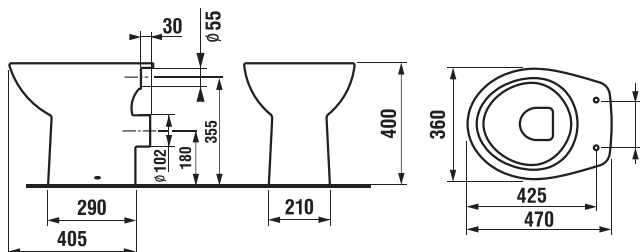

Číslo výrobku	Popis výrobku	Odpad	Cena
H8227460000001*	samostatne stojace WC, vodorovný odpad, hlboké splachovanie	x	57,74 €

* Tento výrobok je kompatibilný s WC doskou Roca Multiclean (A804006001 alebo A804001001).

Objednať zvlášť:	Popis výrobku	Cena
H8932710000001	termoplastová WC doska s poklopom Zeta, plastové príchytky, dĺžkovo nastaviteľné na 400-440mm	14,18 €
H8929990000001	inštaláčna súprava pre klozet	0,87 €
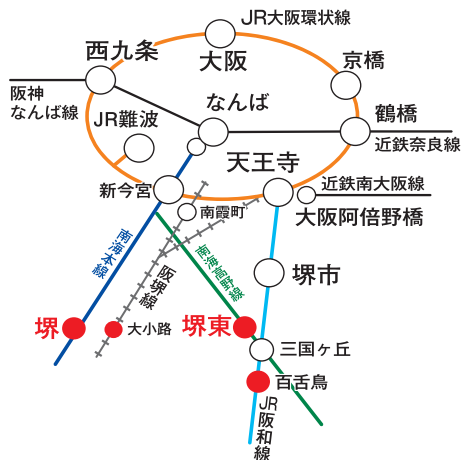

第38回堺まつりへのアクセスはコチラ!

鉄道をご利用の方

南海線利用の方

南海本線「堺駅」下車、南海高野線「堺東駅」下車。

JR線利用の方

- 大阪環状線「新今宮駅」乗り換えの場合
南海本線「堺駅」または南海高野線「堺東駅」下車。
- 阪和線「三国ヶ丘駅」乗り換えの場合
南海高野線「堺東駅」下車。

阪堺線利用の方

「南露町電停」または「天王寺駅前電停」から「大小路電停」または「花田口電停」下車。

泉北高速線利用の方

「中百舌鳥駅」乗り換え、南海高野線「堺東駅」下車。

利休のふるさと堺大茶会：南宗寺会場、大仙公園会場

- 南宗寺会場
南海本線、南海高野線、JR大阪環状線「新今宮駅」より阪堺線「南露町電停」乗り換え、「御陵前電停」下車すぐ
- 大仙公園会場
南海高野線「三国ヶ丘駅」乗り換え、JR阪和線「百舌鳥駅」下車西へ5分
JR阪和線「百舌鳥駅」下車西へ5分

無料バスをご利用の方

利休のふるさと堺大茶会
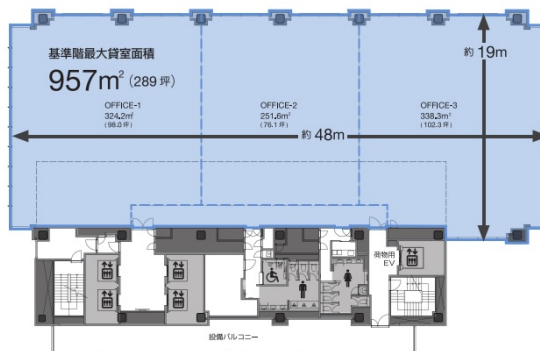

IT TOWER TOKYO 76坪

東京都豊島区西池袋3-28-4ほか

物件MAP

賃貸条件	
月額賃料	相談
坪数	76坪
坪単価	相談
共益費	賃料に含む
礼金	無し
敷金（保証金）	12ヶ月
階数	階（分割案③）
入居可能日	相談

ビル情報	
所在地	東京都豊島区西池袋3-28-4ほか
最寄り駅	JR山手線 池袋駅 徒歩1分 東武東上線 池袋駅 徒歩1分 東京メトロ丸ノ内線 池袋駅 徒歩1分
エリア	池袋エリア
竣工	2025年11月
耐震	新耐震基準
階数	地上28階 地下4階
用途	事務所
構造	S造、一部SRC造

設備情報	
エレベーター	4基
空調	個別空調
OAフロア	OAフロア
基準階天井高	3,000mm
光ファイバー	有り
トイレ	男女別・室外
セキュリティ	有り
駐車場	有り
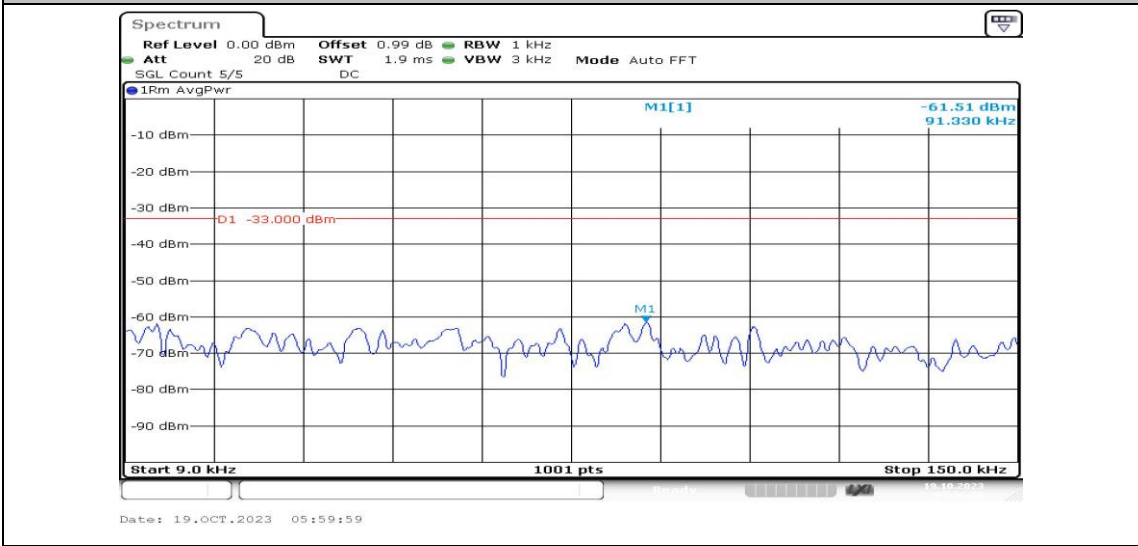

Band25-15MHz-16QAM-26115-1RB#0-Range1:0.009~0.15MHz-PASS

Band25-15MHz-16QAM-26115-1RB#0-Range2:0.15~30MHz-PASS

Band25-15MHz-16QAM-26115-1RB#0-Range3:30~1000MHz-PASS

Band25-15MHz-16QAM-26115-1RB#0-Range4:1000~20000MHz-PASS
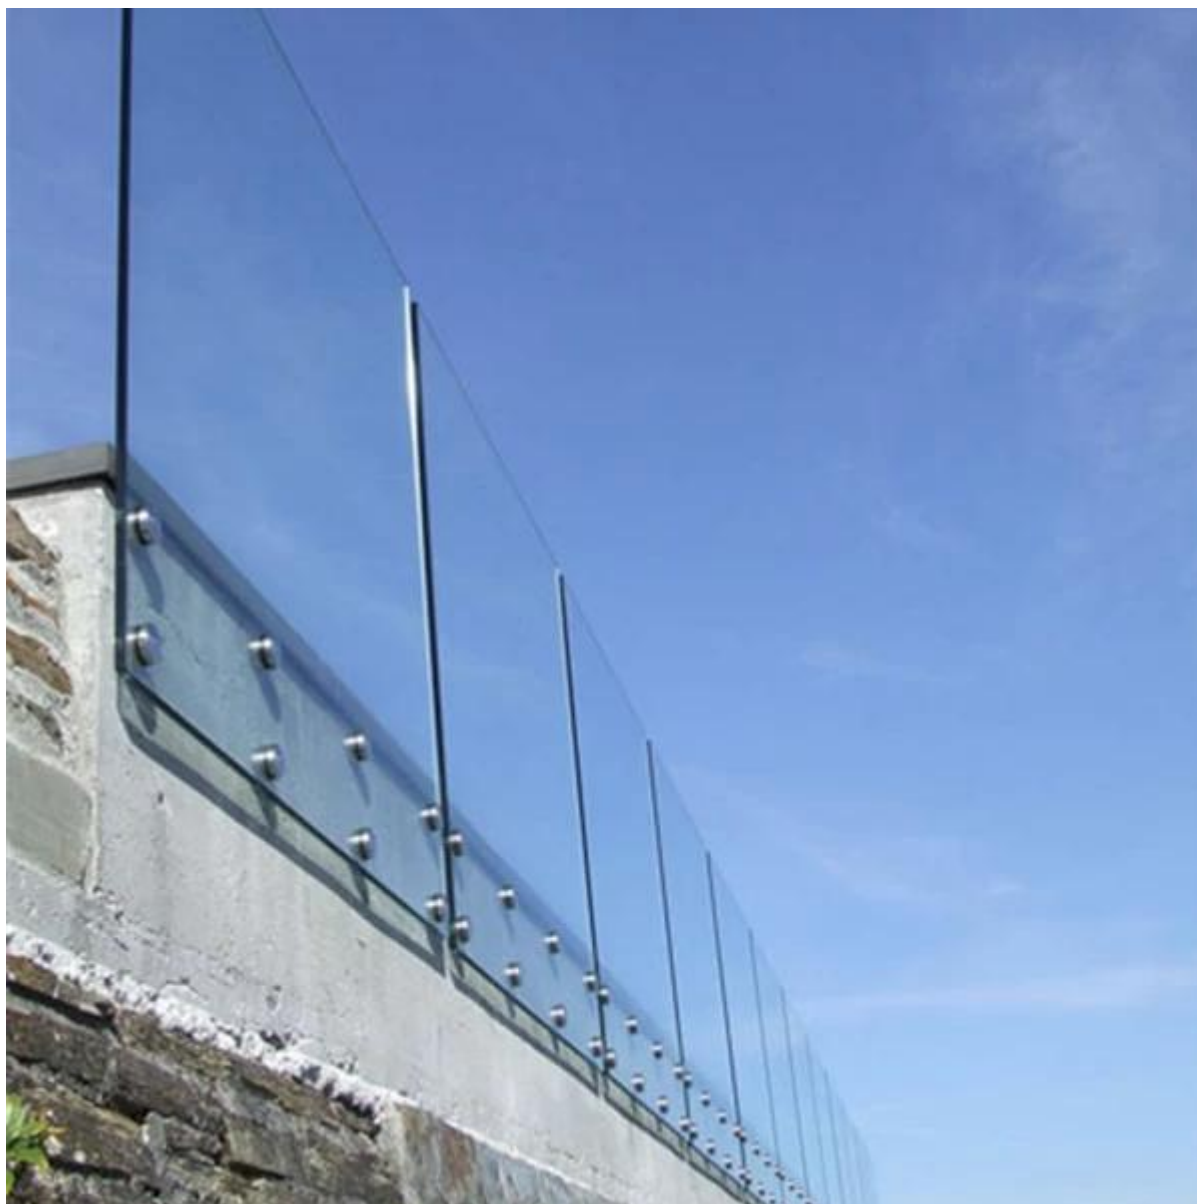

Come potete vedere molti sistemi di ringhiera di vetro sul nostro web, come Sistema di vetro balaustra, ringhiera in vetro esterno, corrimano per scala esterna, piscina recinzione hardware, ringhiera fune.

Altri ringhiere progetto:
[unnti ruggine in acciaio inox 316 ringhiera in vetro esterno per scale e balcone](#)

[corrimano in acciaio inox, rotonda posta decking, corrimano in metallo vetro per gradini](#)

[frameless zipolo recinzione di vetro, piastra di base quadrata del perno, piscina schermo zipolo](#)

[In acciaio inox situazione di stallo in vetro per balaustra di vetro frameless](#)

[piscina recinzione palo di alluminio, ringhiera di vetro semi-frameless, balaustra in alluminio per vetro schermo piscina](#)
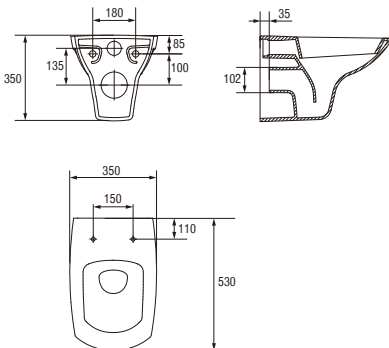

Вага / Вес [кг]	15
Кількість штук на піддоні / Количество штук на поддоне	18
Вага піддону / Вес поддона [кг]	319

cleanON®
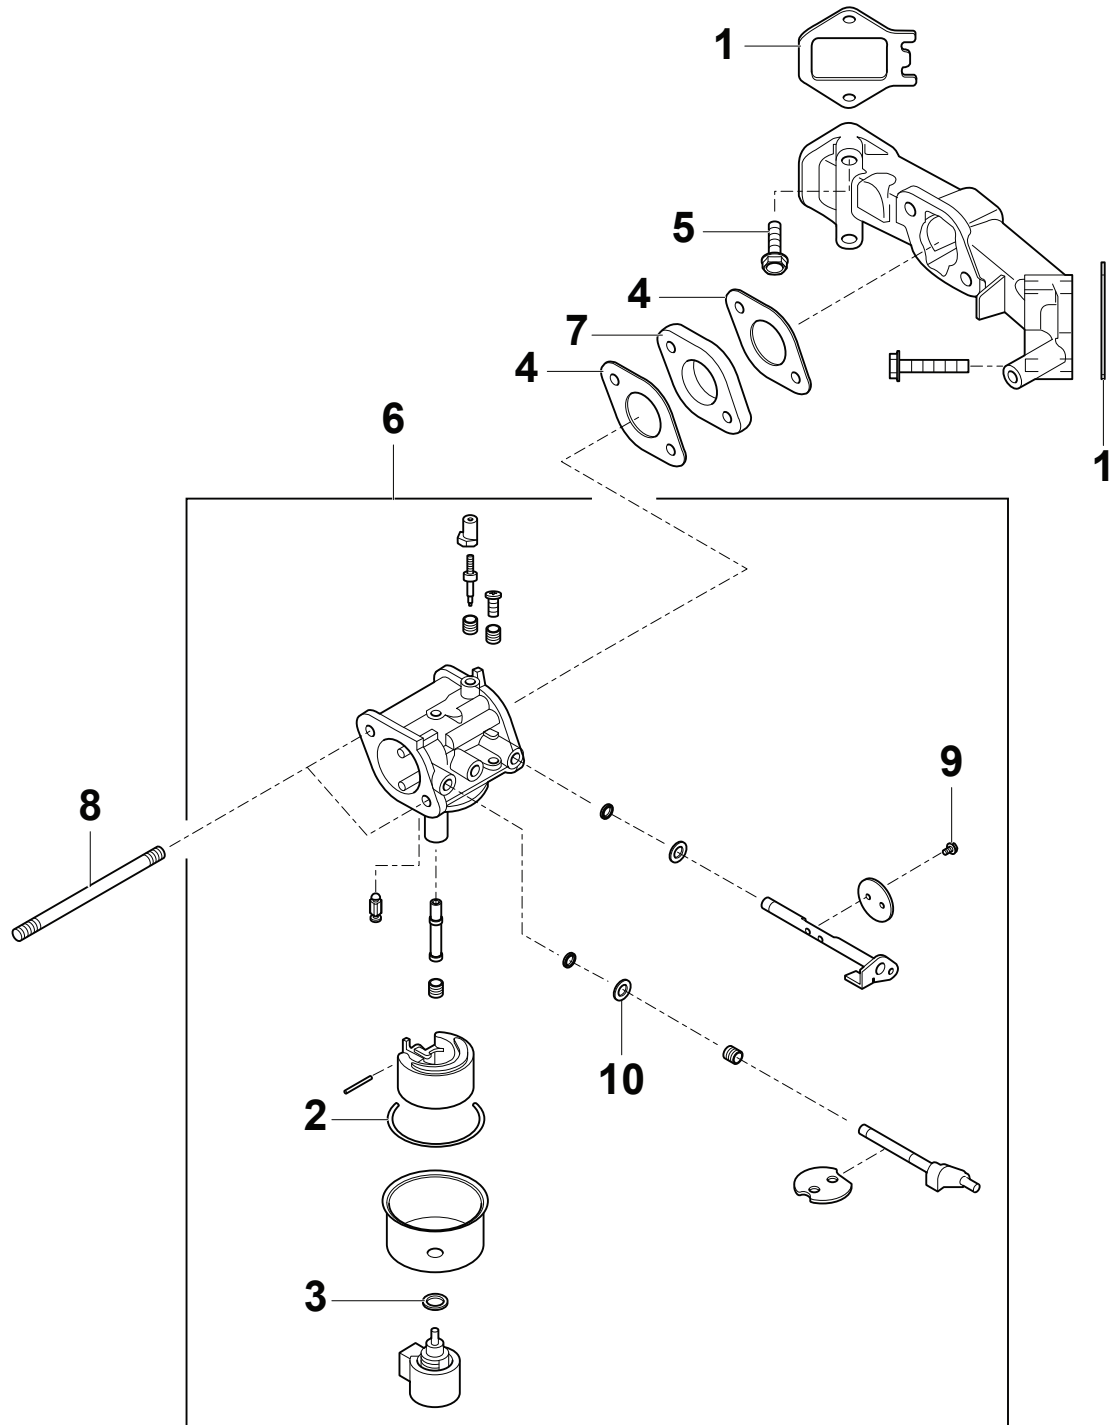

Kawasaki
Engines

Utgåva Issue 3 - 2015		Förgasare		Carburetor	
Pos. Fig.	Antal Quantity	Art nr Part No	Benämning	Description	Anmärkning Notes
1	2	118550960/0	Packning (11061-0877)	Gasket (11061-0877)	
2	1	118550961/0	Packning (11061-7009)	Gasket (11061-7009)	
3	1	118550962/0	Packning (11061-7010)	Gasket (11061-7010)	
4	2	118550970/0	Packning (11061-7096)	Gasket (11061-7096)	
5	4	112735405/0	Skruv	Screw	
6	1	118551008/0	Förgasare (15004-0827)	Carburetor (15004-0827)	
7	1	118551011/0	Isolator (16073-7007)	Insulator (16073-7007)	
8	2	118551065/0	Stift (92004-2149)	Pin (92004-2149)	
9	2	118551066/0	Skruv (92009-2083)	Screw (92009-2083)	
10	1	2312280	Bricka	Washer
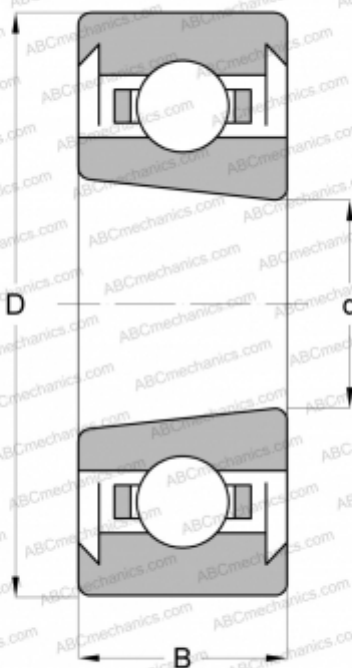

## 6310 K 2RS ABC

Радиальные шарикоподшипники

ТИП: Шарикоподшипники, Радиальные, Однорядные, С коническим отверстием, С уплотнениями 2RS

#### РАЗМЕРЫ, ММ

d	50,000
D	110,000
B	27,000
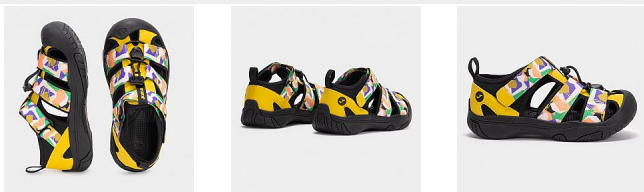

JOMA dívčí sandály S.NEO JR SNEOJS2505V multicolor

» DĚTSKÁ » DÍVKY

Popis

dětské rychleschnoucí sandály materiál: textil/syntetika

Kód produktu	SNEOJS2505V
Značka/Výrobce	Joma
Kategorie	dětská
Barva	multicolor
Materiál	textil
Šířka obuvi	středně široká
Sezóna	letní
Zateplení	nezateplená

Dostupnost na hlavním skladě: Není skladem

Parametry

Kategorie	dětská
Značka	Joma
Barva	multicolor
Šířka obuvi	středně široká
Materiál	textil
Sezóna	letní
Zateplení	nezateplená
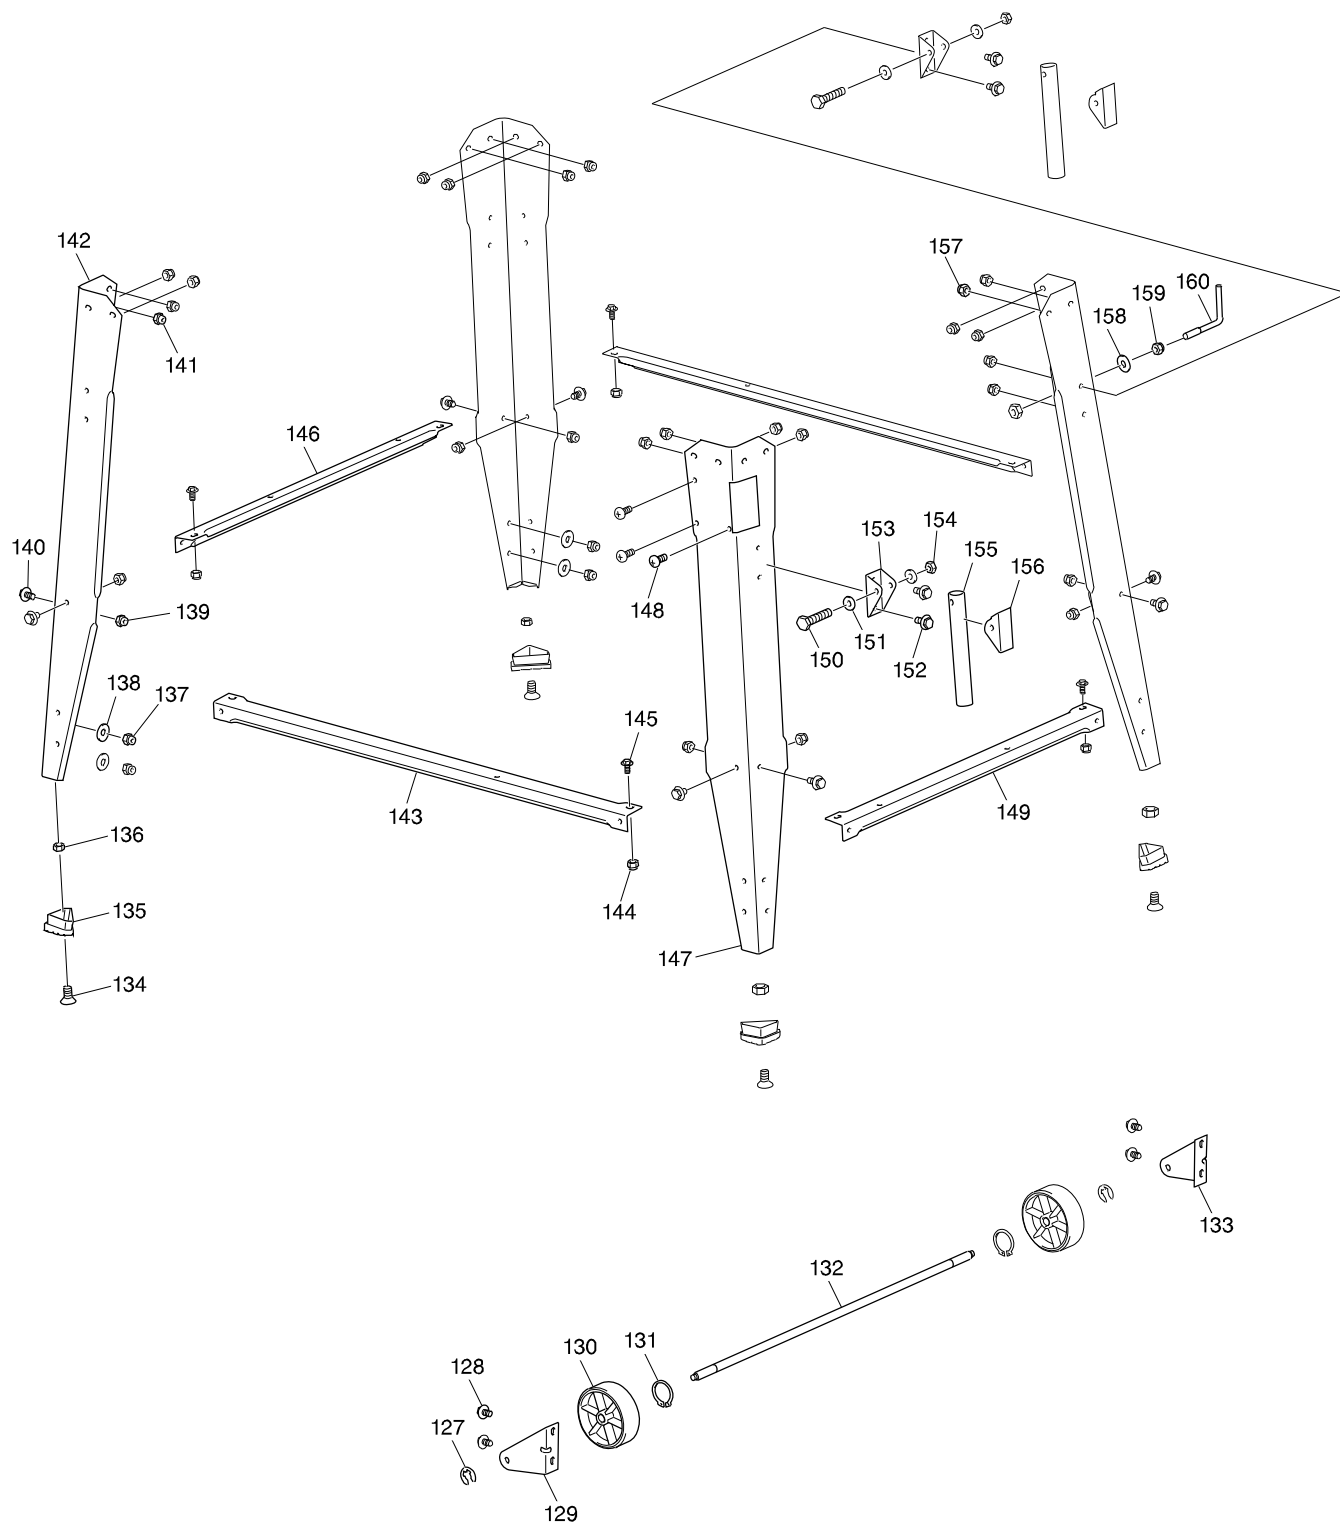

Modellszám 2712 315MM TABLE SAW

Modellszám 2712 315MM TABLE SAW

Modellszám 2712 315MM TABLE SAW

Tétel	Cikkszám	Megnevezés	Átalai	Menny.	N/O	Opc 1	Opc 2	Megjegyzés
001	JM27100031	CROSS HEAD SCREW M5		4				
002	JM27100032	FLAT WASHER 5		4				
003	JM27100033	HINGE		1				
004	JM27110001	COVER A COMPLETE		1				
C10	JM27180024	MAKITA LOGO LABEL		1				
005	JM27100111	LOCKNUT M5		4				
006	JM27100035	COVER B		1				
007	JM27100018	FLAT WASHER 6		2				
008	JM27100016	LOCKNUT M6		2				
009	JM27100036	SPRING		1				
010	JM27100104	HEX BOLT M6		1				
011	JM27100037	LOCKNUT M12		1				
012	JM27100038	RIVING KNIFE PRESS PLATE		1				
013	JM27100039	RIVING KNIFE		1				
014	JM27100040	FIX BRACKET		1				
015	JM27100041	HEX BOLT M10		1				
016	JM27100042	FLANGE WASHER 10		1				
017	JM27100043	OUTER FLANGE		1				
019	JM27100044	INNER FLANGE		1				
020	JM27100047	CROSS HEAD SCREW M4		2				
021	JM27100046	FLAT WASHER 4		2				
022	JM27100048	COVER		1				
023	JM27100049	SIDE PROTECTION		1				
024	JM27100045	LOCKNUT M4		4				
025	JM27100046	FLAT WASHER 4		4				
026	JM27100046	FLAT WASHER 4		2				
027	JM27100045	LOCKNUT M4		2				
028	JM27100050	HEX BOLT M8		4				
029	JM27100051	SPRING WASHER 8		4				
030	JM27100052	FLAT WASHER 8		4				
031	JM27100053	LOCKNUT M8		1				
032	JM27100054	FLAT WASHER 8		1				
033	JM27100055	ADJUSTING PIN		1				
034	JM27100106	FLAT WASHER 8		1				
035	JM27100057	ADJUSTING PLATE		1				
036	JM27100056	SPLITPIN 2		1				
037	JM27100025	E RING 10		1				
038	JM27100053	LOCKNUT M8		4				
039	JM27100052	FLAT WASHER 8		4				
040	JM27100058	DOUBLE THREAD BOLT		1				
041	JM27100072	LIFTING FRAME		1				
042	JM27100073	SQUARE NECK BOLT M12		1				
043	JM27100059	THREAD SLEEVE 4		2				
044	JM27100011	HEX BOLT M6		1				
045	JM27100018	FLAT WASHER 6		1				
046	JM27100018	FLAT WASHER 6		3				
047	JM27100016	LOCKNUT M6		3				
048	JM27100080	ANGLE SUPPORT PLATE A		1

Task requirements: Track down every line in the entries that includes the string "esterno", and copy it.

Output:
Come potete vedere molti sistemi di ringhiera di vetro sul nostro web, come Sistema di vetro balaustra, ringhiera in vetro esterno, corrimano per scala esterna, piscina recinzione hardware, ringhiera fune.
[unnti ruggine in acciaio inox 316 ringhiera in vetro esterno per scale e balcone](#)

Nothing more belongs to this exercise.